[Start of section]

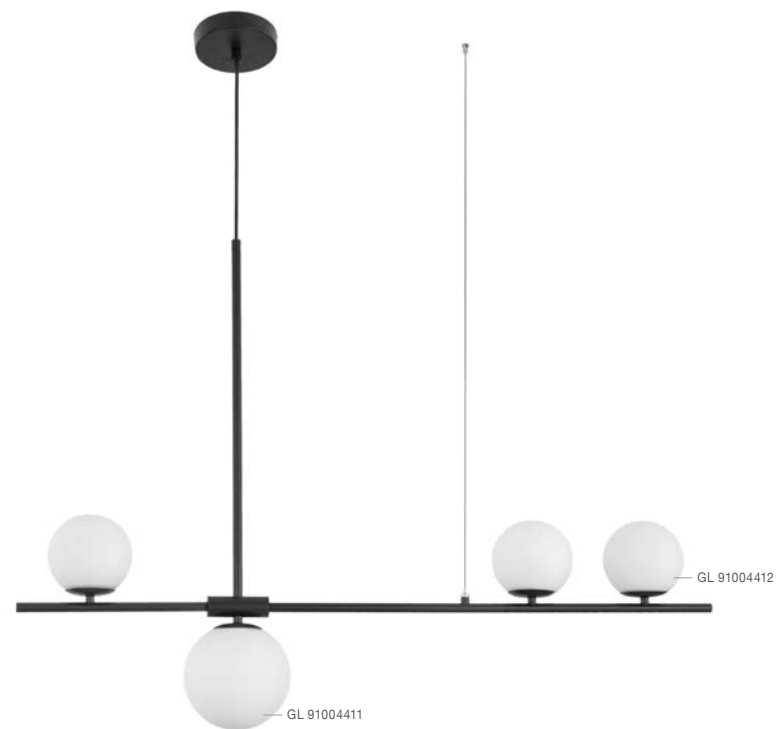

IMPERO - 9100441

White Frosted Glass
Black Metal
LED G9 4x5 Watt 230 Volt
IP20 Bulb Excluded
L: 100 W: 15 H: 120 cm
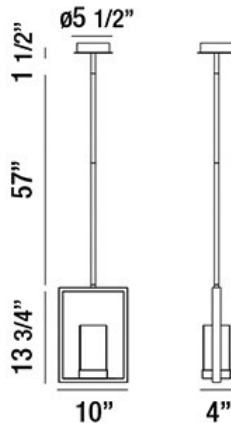

LONDRA, 10" RECTANGULAR PENDANT

PRODUCT DETAILS

No.	:	34038-024
Product Color	:	BRONZE
Product Material	:	METAL
Shade / Accent Colour	:	AMBER
Shade / Accent Material	:	GLASS
Length	:	10"
Width	:	4"
Height	:	13.75"
Overall Height	:	72.25"
Weight	:	5.1lbs

LIGHT SOURCE DETAILS

Light Source Type	:	INTEGRATED LED
Input Voltage	:	120V
Bulb Voltage	:	120V
Socket Type	:	LED
Total Wattage	:	7W
Initial Lumens	:	500lm
Kelvin	:	3000K
CRI	:	90+
Dimmable	:	Yes

OPTIONS AVAILABLE

ITEM NO.	FINISH	SHADE
34038-017	CHROME	CLEAR
34038-024	BRONZE	AMBER

TECHNICAL DETAILS

Hanging Support Type	:	ROD
Hanging Support Length	:	57"
Rods Included	:	3"+6"+12"+18"+18"
Canopy / Backplate Height	:	1.25"
Canopy / Backplate Dia.	:	6.5"
Location	:	DRY
Approval	:	
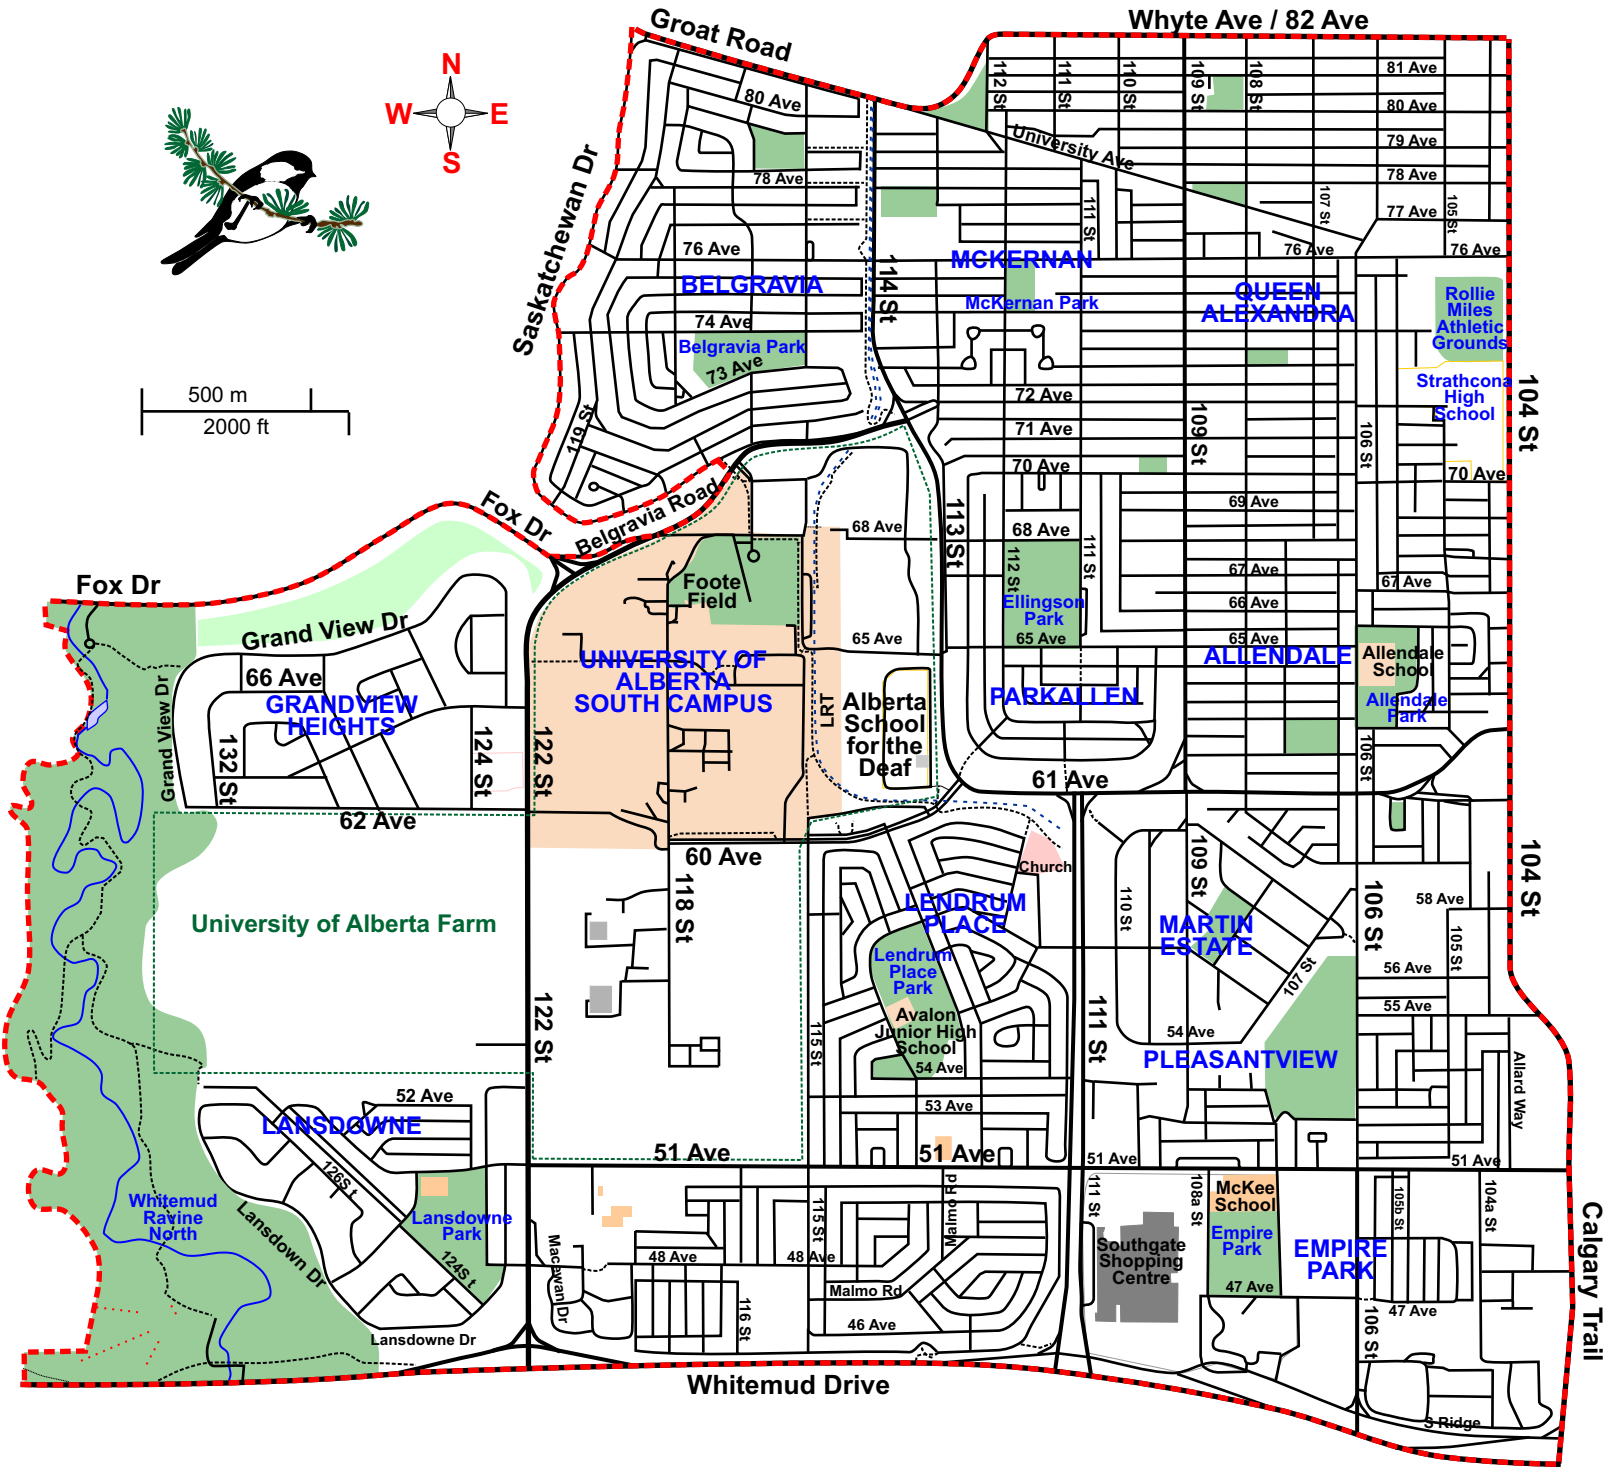

Edmonton Christmas Bird Count - ZONE 3

Fox Dr

Grand View Dr

GRANDVIEW HEIGHTS

University of Alberta Farm

LANSDOWNE

Whitemud Ravine North

Lansdowne Park

Groat Road

Whyte Ave / 82 Ave

Saskatchewan Dr

BELGRAVIA

Belgravia Park

Fox Dr

Belgravia Road

UNIVERSITY OF ALBERTA SOUTH CAMPUS

Foote Field

Alberta School for the Deaf

MCKERNAN

McKernan Park

QUEEN ALEXANDRA

Rollie Miles Athletic Grounds

Strathcona High School

PARKALLEN

51 Ave

McKee School

Empire Park

EMPIRE PARK

Southgate Shopping Centre

Whitemud Drive

Calgary Trail

[End of section]

-- ABOUT THIS TASK --
Leave every image out, and retype the material exactly.

-- RESPONSE AREA --
IMPERO - 9100441

White Frosted Glass
Black Metal
LED G9 4x5 Watt 230 Volt
IP20 Bulb Excluded
L: 100 W: 15 H: 120 cm

LONDRA, 10" RECTANGULAR PENDANT

PRODUCT DETAILS

No.	:	34038-024
Product Color	:	BRONZE
Product Material	:	METAL
Shade / Accent Colour	:	AMBER
Shade / Accent Material	:	GLASS
Length	:	10"
Width	:	4"
Height	:	13.75"
Overall Height	:	72.25"
Weight	:	5.1lbs

LIGHT SOURCE DETAILS

Light Source Type	:	INTEGRATED LED
Input Voltage	:	120V
Bulb Voltage	:	120V
Socket Type	:	LED
Total Wattage	:	7W
Initial Lumens	:	500lm
Kelvin	:	3000K
CRI	:	90+
Dimmable	:	Yes

OPTIONS AVAILABLE

ITEM NO.	FINISH	SHADE
34038-017	CHROME	CLEAR
34038-024	BRONZE	AMBER

TECHNICAL DETAILS

Hanging Support Type	:	ROD
Hanging Support Length	:	57"
Rods Included	:	3"+6"+12"+18"+18"
Canopy / Backplate Height	:	1.25"
Canopy / Backplate Dia.	:	6.5"
Location	:	DRY
Approval	:	

Edmonton Christmas Bird Count - ZONE 3

Fox Dr

Grand View Dr

GRANDVIEW HEIGHTS

University of Alberta Farm

LANSDOWNE

Whitemud Ravine North

Lansdowne Park

Groat Road

Whyte Ave / 82 Ave

Saskatchewan Dr

BELGRAVIA

Belgravia Park

Fox Dr

Belgravia Road

UNIVERSITY OF ALBERTA SOUTH CAMPUS

Foote Field

Alberta School for the Deaf

MCKERNAN

McKernan Park

QUEEN ALEXANDRA

Rollie Miles Athletic Grounds

Strathcona High School

PARKALLEN

51 Ave

McKee School

Empire Park

EMPIRE PARK

Southgate Shopping Centre

Whitemud Drive

Calgary Trail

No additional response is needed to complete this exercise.